Monday 6 September 2010

Stirling Bridge (1297), Falkirk (1298) and Bannockburn (1314)

They say that you can see thirteen battlefields from the top of the Abbey Craig near Stirling - the gateway to the Scottish Highlands. Last weekend I visited three of them. In the fourteenth and fifteenth century the only sensible route to the north was across the Forth at Stirling and up through the valley beyond. So, when Edward 1st sent a formidable English Army to consolidate his hegomony over this previously independent country, William Wallace and Andrew Moray chose this spot to give the invaders a bloody nose.
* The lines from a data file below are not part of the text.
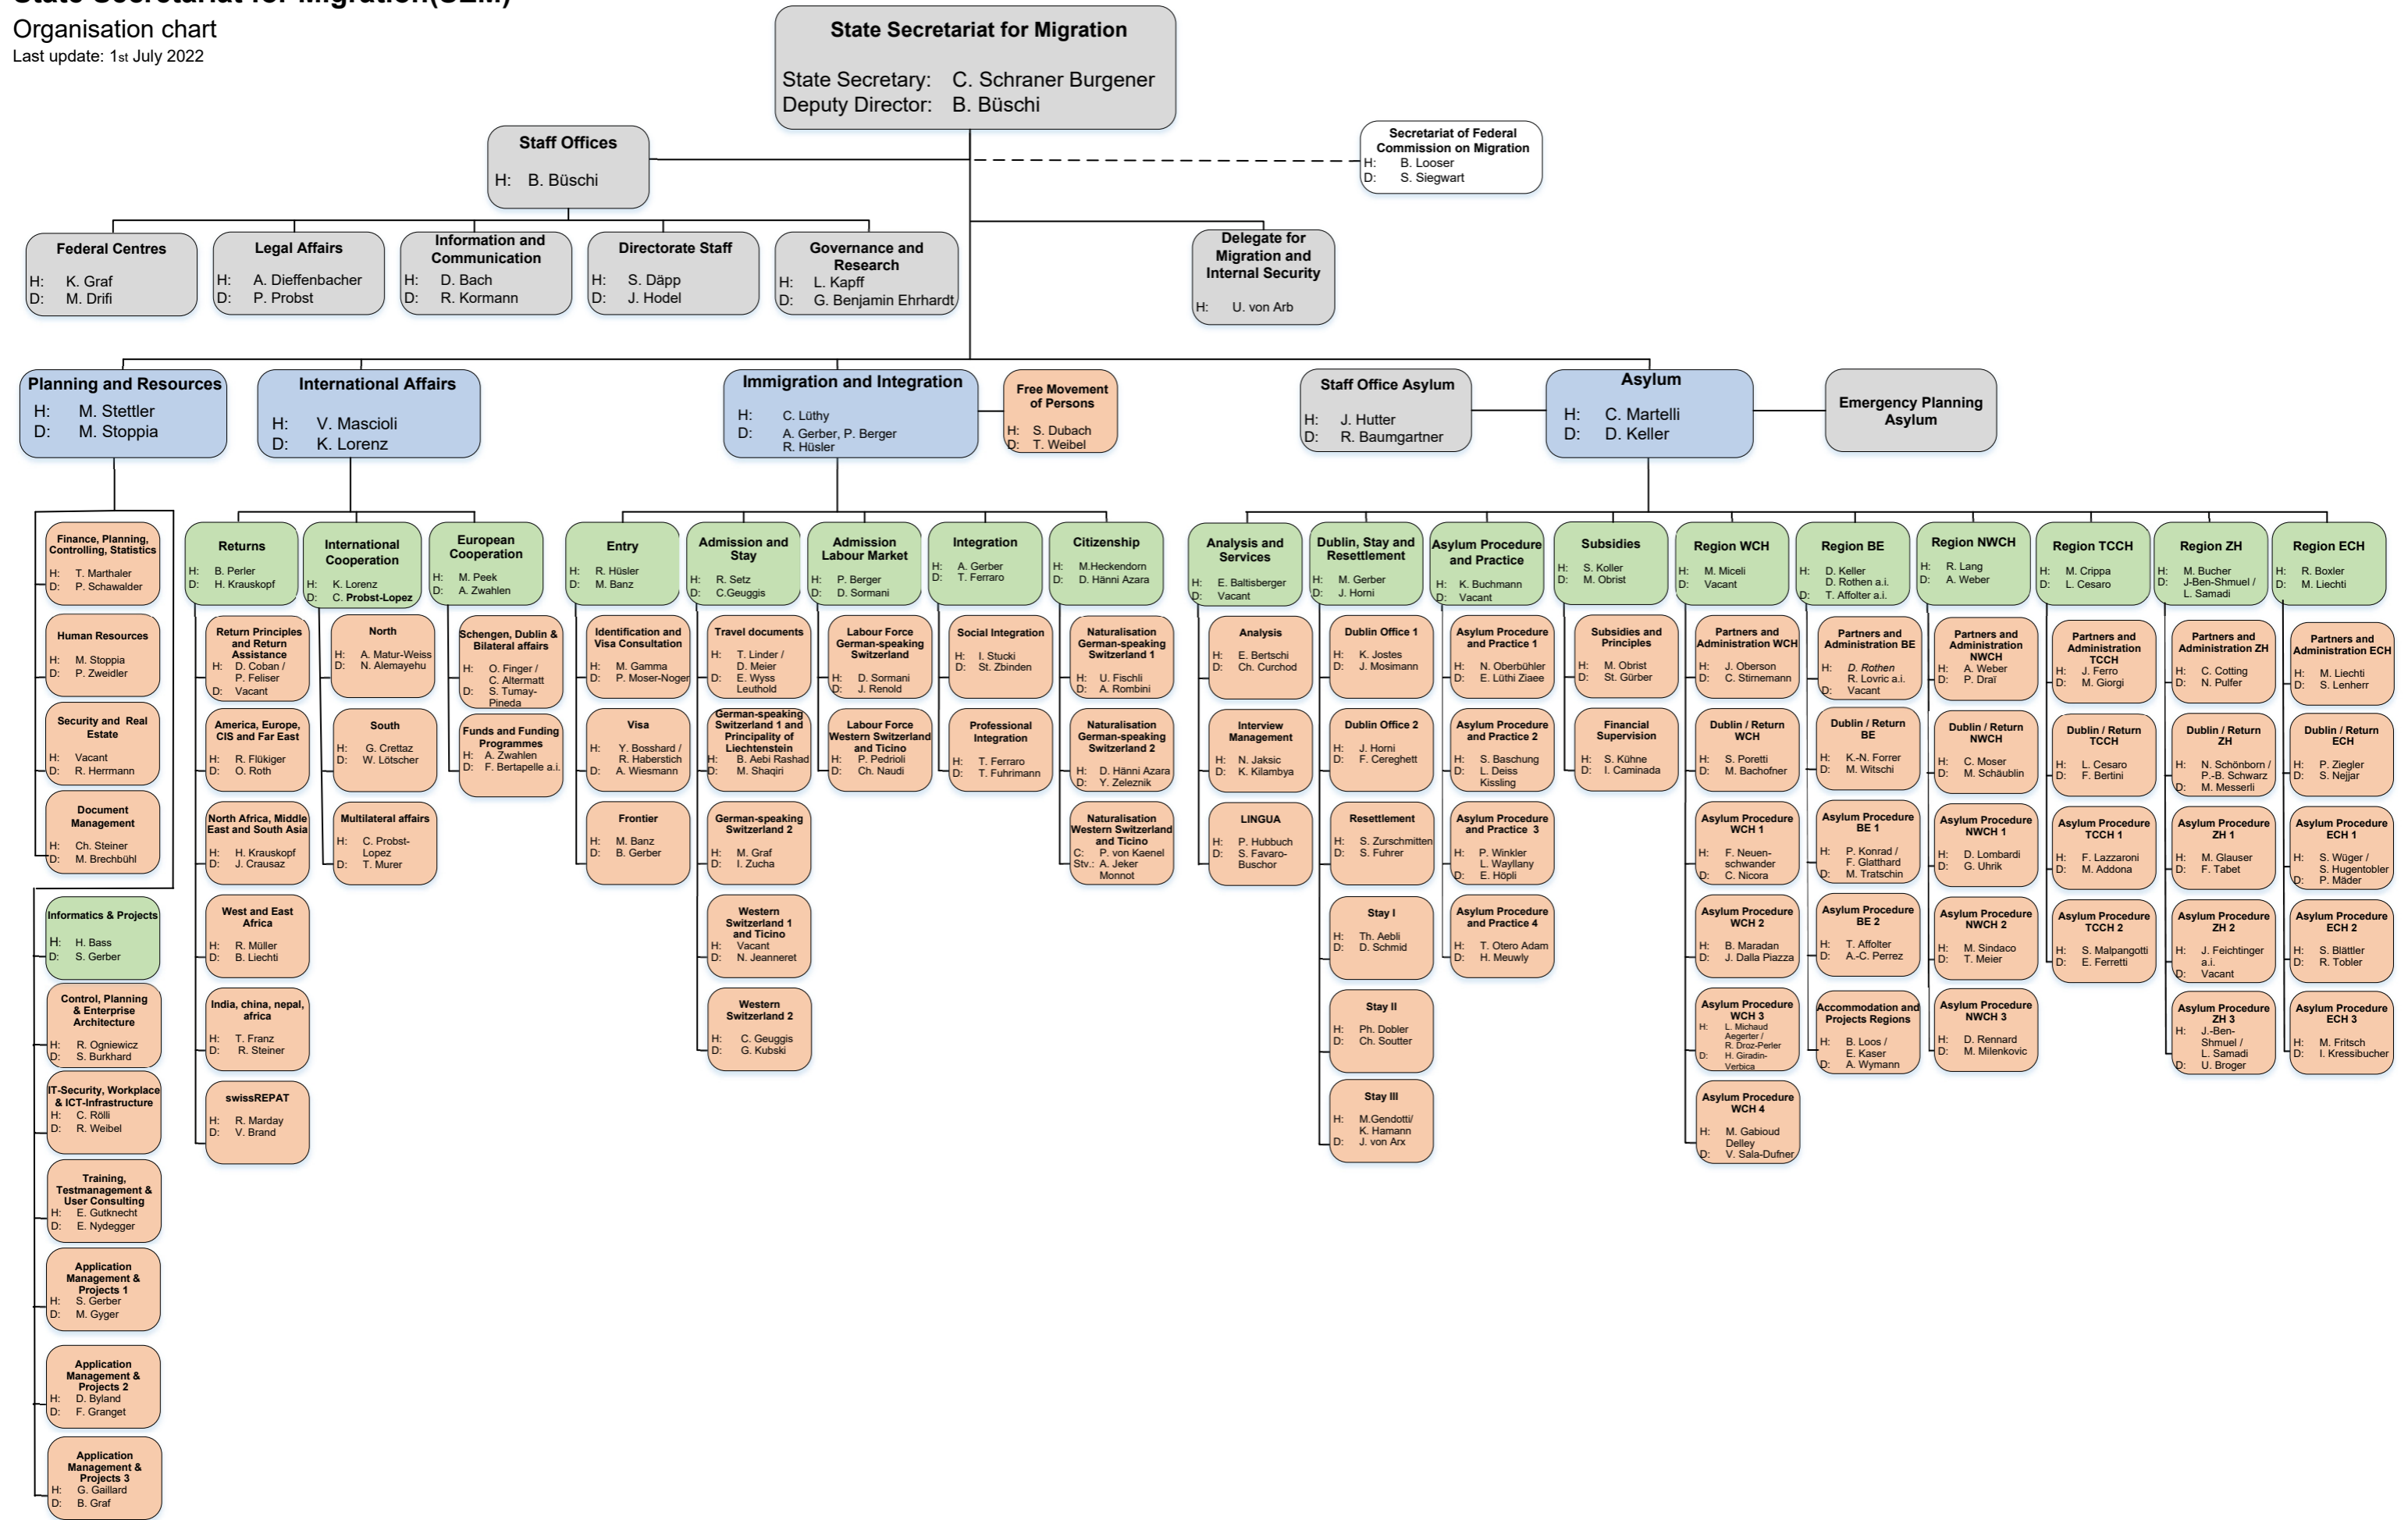

State Secretariat for Migration(SEM)

Organisation chart

Last update: 1st July 2022

- Director / Staff offices
- Directorates
- Divisions
- Sections

In a tactically brilliant action Wallace (Left) and Moray let part of the heavily laden English army across the bridge and then attacked - cutting off their forces on the North side of the river. Floundering in marshy ground and faced by a ferocious albeit small Scottish Army, the English were severely beaten. Of the English commanders, The 7th Earl of Surrey (John de Warenne) survived but Hugh de Cressingham lost his life to Wallace wielding a huge double handed sword. The sword can still be seen on the first floor inside the Wallace Memorial (see picture above) on the bluff where the Scots laid in wait for the English.
This astonishing feat of arms has little in common with the portrayal of the battle in the film 'Braveheart' though I would imagine the rhetoric and demeanour of the Scottish troops is probably quite accurate.